Upon application, Florida provides a $25,000 exemption off the assessed value of your primary residence.


This applies to all property taxes, including school taxes.

Step 2:
Additional $25,000 Exemption


An additional exemption of to $25,000 applies to the assessed value over $75,000.
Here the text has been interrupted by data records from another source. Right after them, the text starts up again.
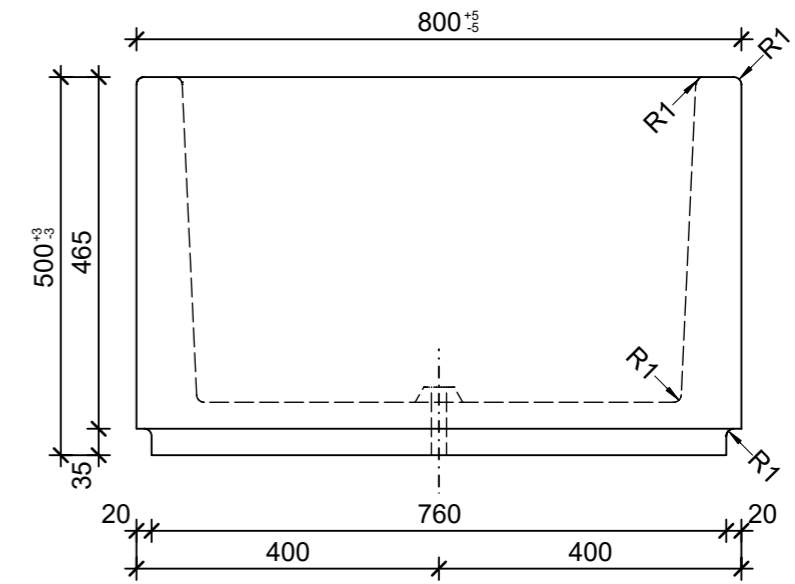

Schnitt 1-1, 1:10

Schnitt 2-2, 1:10

Grundriss, 1:10

Isometrie, 1:20

Rubrik: O0001	Art.-Nr: 112434	HW: 76	Massstab: 1:10/20	Format: DIN A3
Pflanzen- und Brunnenröge			Gezeichnet: 12.05.2022 / rle	Geprüft: 12.05.2022 / RO
PARCO Pflanzenröge rechteckig grau, glatt, gefast, W 60 mm			Änderung: /	Geprüft: /
			Änderung: /	Geprüft: /
			Änderung: /	Geprüft: /
L 800mm, B 800mm, H 500mm			Ersetzt:	
<b>CREABETON BAUSTOFF AG</b> 6221 Rickenbach LU info@creabeton-baustoff.ch Telefon 0848 400 401 <b>CREABETON PRODUKTIONS AG</b> 7203 Trimmis GR			Plan-Nr: O0001_112434_76_PZ_01_01	
<small>Diese Zeichnung ist geistiges Eigentum des HW und darf ohne deren Einwilligung weder kopiert, vervielfältigt, weitergegeben, noch zur Ausführung benutzt werden. Art. 5 des Bundesgesetzes gegen den unlauteren Wettbewerb (UWG).</small>

This second exemption does not apply to school taxes, only county, city, and other local taxes.


Example:

  • Market value: $250,000
  • Assessed value: $250,000 (before exemptions)

 

Homestead exemptions applied:

  • First $25,000 reduces assessed value to $225,000 for all taxes.
  • Second $25,000 reduces assessed value further to $200,000, but only for non-school taxes.

Step 3: 
Save Our Homes (SOH) Cap


Once you qualify for the homestead exemption, the Save Our Homes cap limits annual increases in assessed value to the lesser of 3% or the change in the Consumer Price Index (CPI), whichever is less. This protects homeowners from rapid increases in taxable value.


Year 1 – You Buy the Home

  • Market Value: $300,000
  • Assessed Value: $300,000 (first year = same as market value)
  • Homestead Exemption: $50,000
  • Taxable Value: $300,000 – $50,000 = $250,000
  • Tax Rate: 1.5%
  • Property Tax: $250,000 × 0.015 = $3,750


Year 2 – Market Value Rises 10%

  • New Market Value: $330,000
  • SOH Cap: 3% (CPI = 6%, so lower = 3%)
  • New Assessed Value: $300,000 × 1.03 = $309,000
  • Homestead Exemption: $50,000
  • Taxable Value: $309,000 – $50,000 = $259,000
  • Property Tax: $259,000 × 0.015 = $3,885

 

Even though the market value rose 10%, the assessed value only went up 3%.